--- Source material Enclosed Below ---

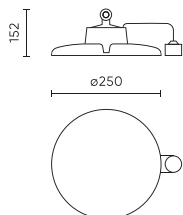

LED line PRIME

Symbol: 219472

EAN: 5905378219472

**Highbay svítidlo PHANTOM 4000K
100W 17500lm 60° IP65 CRI80 černá
PRIME MV 1-10V**

Technické kreslení
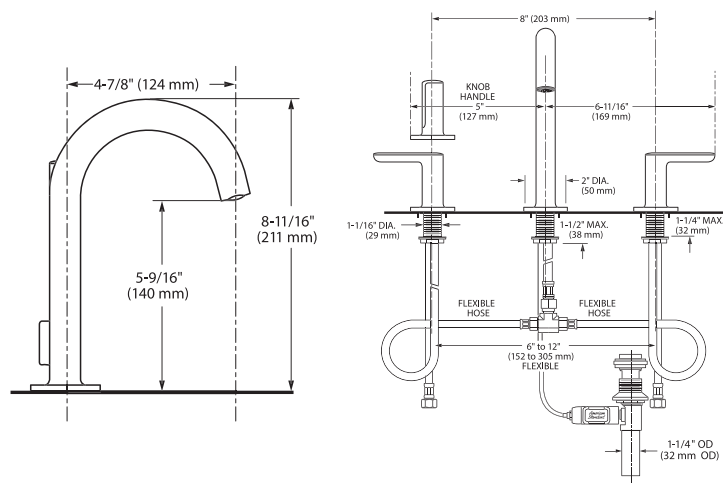

# LLAVES PARA LAVABO

DUOMANDOS

*American  
Standard*

**7105821MX.002** Cromo ●

**7105821.295\*** Satín ●

**7105821.243** Negro Mate ●

Duomando para lavabo **Studio S** de 6" a 12"

- Salida de latón
- Cartucho de disco cerámico, evita goteo
- Maneral perilla
- **Speed Connect®** que sustituye al sistema de drenaje de varillas
- Facilita su instalación y sella perfectamente el desagüe
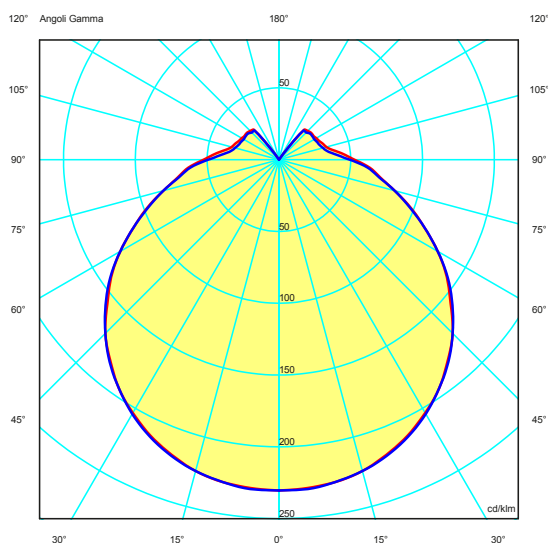

CURVA FOTOMETRICA/PHOTOMETRIC CURVE

5 YEARS WARRANTY
5% FAILURE RATE

Durata vita/ Service life:

50.000h L80B20

Relamping	Lumen LED*	Watt LED**	Lumen Out***	Watt	Lumen Watt Out	L lunghezza L Length	Configurazione- LED	Codice Code	K	Alimentazione Power Supply
1x22	1500	12	1090	12,5	> 87	A: Ø 270 mm B: 95 mm C: 43 mm	○	GDL270	W: 3.000	— : CAE elettronica electronic
1x32	2500	19,5	1810	20,5	> 88	A: Ø 377 mm B: 100 mm C: 48 mm	○	GDL370	N: 4.000	
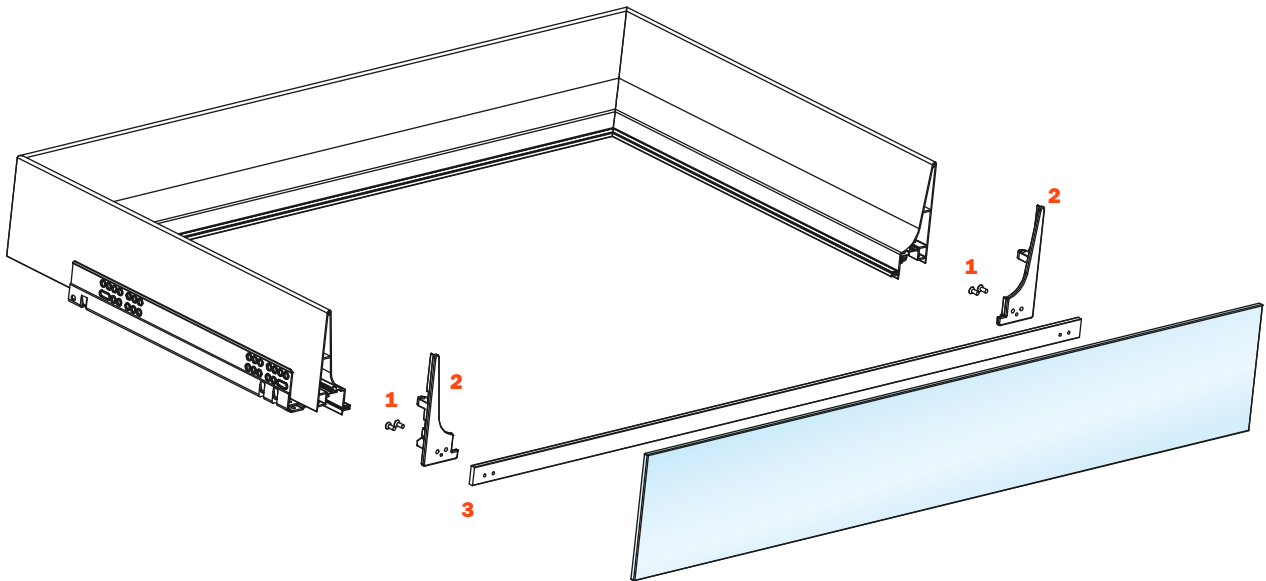

Excessories - herausziehen - Schublade 3-seitig H 128 - Glasfront

Schublade aus Aluminium, 3-seitig H 128 GLASFRONT H 150

- Profilhöhe: 128 mm
- Max. Breite der Schublade: 1500 mm
- Material: Aluminium, mit Epoxid-Pulver lackiert
- Farbausführung: metal grey braun
- Ausgestattet mit Futura Führungen, Vollauszug
- Integrierte Höhen- und Seitenverstellungen
- Antiklippsicherung
- Die Schubladen werden montiert geliefert und komplett mit Dichtung für Boden- oder Zubehörtaufgabe ausgestattet
- Glasfront auf Anfrage, Boden nicht im Lieferumfang enthalten
- Boden kann aus Holz oder Glas sein

MONTAGE MIT ALU-PROFIL 6 mm STÄRKE FÜR BÜNDIGKEIT MIT HOLZFRONT, 12 mm STÄRKE

MONTAGE MIT ALU-PROFIL 13 mm STÄRKE FÜR BÜNDIGKEIT MIT HOLZFRONT, 19 mm STÄRKE

Kit für die Befestigung der Front (separat bestellen)

1. Schrauben M 4x10 mm
2. Befestigungskappen
3. Alu-Profil mit Klebeband für die Befestigung an der Front

Befestigung des Profils an der Front

GLASFRONT 6 mm STÄRKE - ALU-PROFIL 6 mm STÄRKE

Länge der Führung (LN) mm	Breite der Schublade (L) mm	Breite der Front (LF) mm	Innenbreite (L1) mm	Tiefe der Schublade (P) mm	Innentiefe (P1) mm
350	LV - 15	LV - 6	L - 80	390	338
400				440	388
450				490	438
470				510	458
500				540	488

GLASFRONT 6 mm STÄRKE - ALU-PROFIL 13 mm STÄRKE

Länge der Führung (LN) mm	Breite der Schublade (L) mm	Breite der Front (LF) mm	Innenbreite (L1) mm	Tiefe der Schublade (P) mm	Innentiefe (P1) mm
350	LV - 15	LV - 6	L - 80	397	338
400				447	388
450				497	438
470				517	458
500				547	488

--- End of Enclosed Source material ---

Task goal: Every line containing the string "oder" is required; copy each such line from the data.

Task solution:
- Die Schubladen werden montiert geliefert und komplett mit Dichtung für Boden- oder Zubehörtaufgabe ausgestattet
- Boden kann aus Holz oder Glas sein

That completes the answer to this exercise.